- Exercise objective:
Exact copies of the lines from the line containing "Bacheche per esterni - Anta battente" through the last line of the entries below are the whole answer.

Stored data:

>>

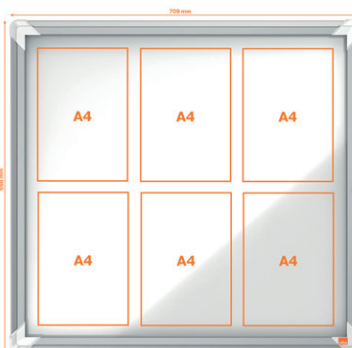

Per interni

Bacheche per interni - Ante scorrevoli

Ante scorrevoli per un facile accesso alla superficie espositiva. Cornice in alluminio e facciata in vetro di sicurezza di spessore 4mm. Fondo in metallo bianco scrivibile. Dotata di serratura.

Cod.	Rif.Art.	Dimensioni	F.to esterno	Umv
61701	1902569	8xA4 orizzontale	69,2x97,2x5,4cm	pz
61702	1902570	12xA4 verticale	100x97,2x5,4cm	pz

Bacheche per interni - Anta battente

Cornice in alluminio e facciata in vetro di sicurezza di spessore 4mm. Fissaggio facilitato. Fondo in metallo bianco scrivibile o utilizzabile con magnetini.

Per interni

Per interni

Bacheche da Interni Extra Piatte

Anta battente con facciata in materiale acrilico. Fondo in metallo laccato bianco brillante scrivibile. L'anta si apre con un angolo di 135° per un facile accesso ai documenti senza danneggiare la parete circostante.

Cod.	Rif.Art.	Dimensioni	F.to esterno	Umv
37849	1900846	4xA4 verticale	51x68x2,2cm	pz
37850	1900847	6xA4 orizzontale	73x68x2,2cm	pz

Bacheche per esterni - Anta battente

La soluzione per esporre e proteggere le vostre comunicazioni all'esterno o in ambienti particolarmente umidi. Resistenti all'umidità secondo lo standard IEC 60529. Fondo in metallo bianco scrivibile.

<<

- Expected answer:
Bacheche per esterni - Anta battente

La soluzione per esporre e proteggere le vostre comunicazioni all'esterno o in ambienti particolarmente umidi. Resistenti all'umidità secondo lo standard IEC 60529. Fondo in metallo bianco scrivibile.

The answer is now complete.